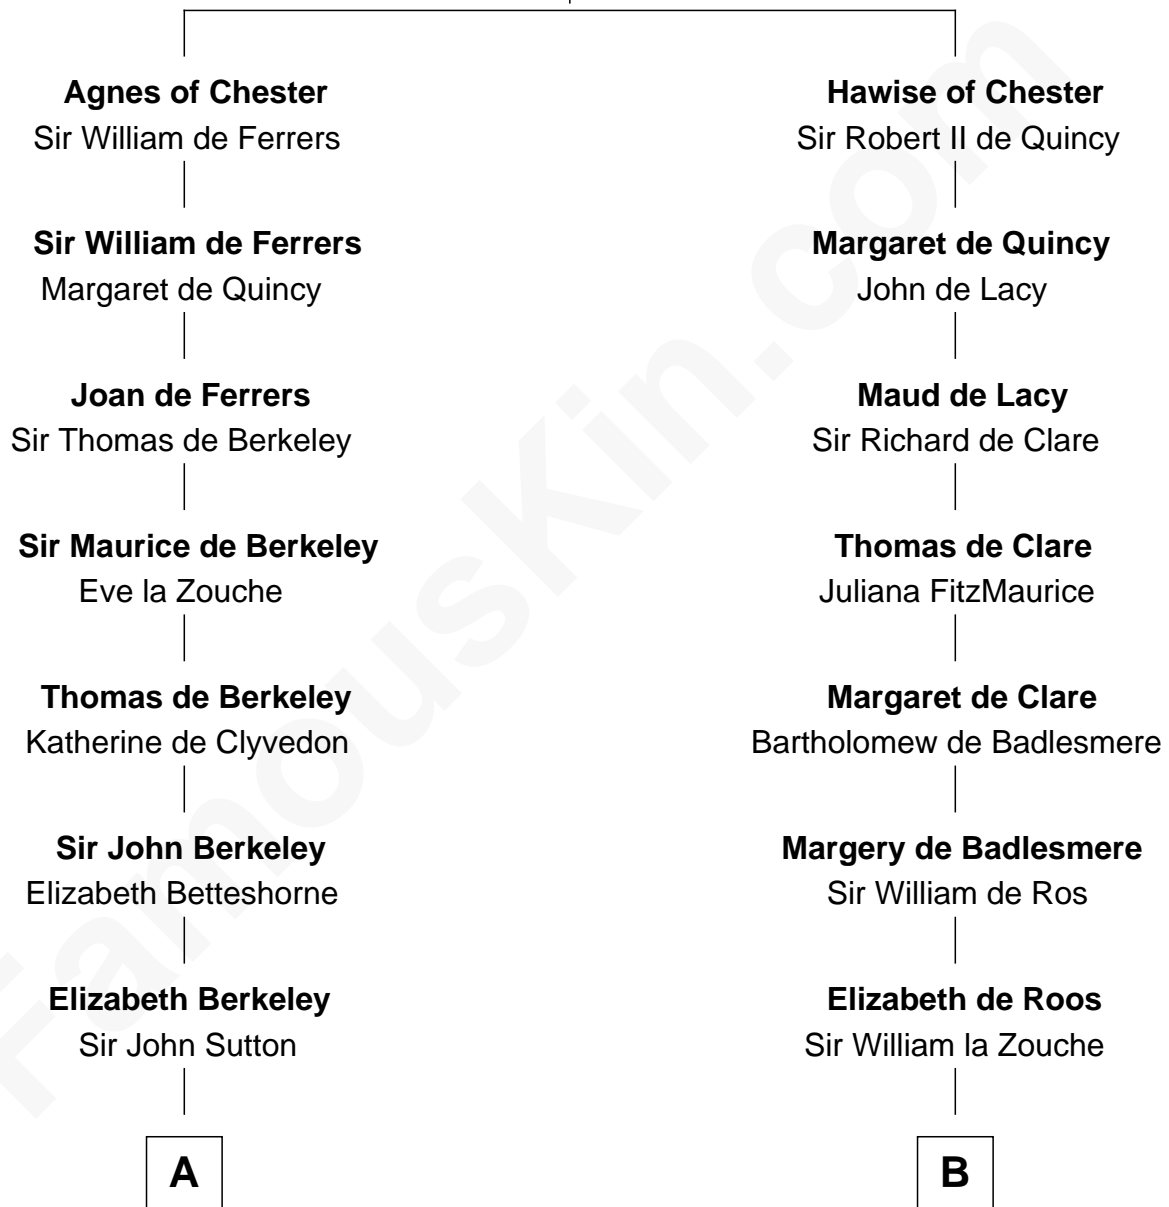

FamousKin.com Relationship Chart of

Melvyn Douglas

Movie Actor

15th cousin 5 times removed of

Robert Catesby

Leader of Gunpowder Plot

Hugh de Kevelioc
Bertrade de Montfort

C

—
Erskine Douglas

Sophia Garrett

—
Emma Jane Douglas

Col. George Taliaferro Shackelford

—
Lena Priscilla Shackelford

Edouard Gregory Hesselberg

—
Melvyn Douglas

Movie Actor

Instructions for the task> Pick from the records each line that contains the word "Douglas" and show it.

Solution for this problem>
Melvyn Douglas
Erskine Douglas
Emma Jane Douglas
Melvyn Douglas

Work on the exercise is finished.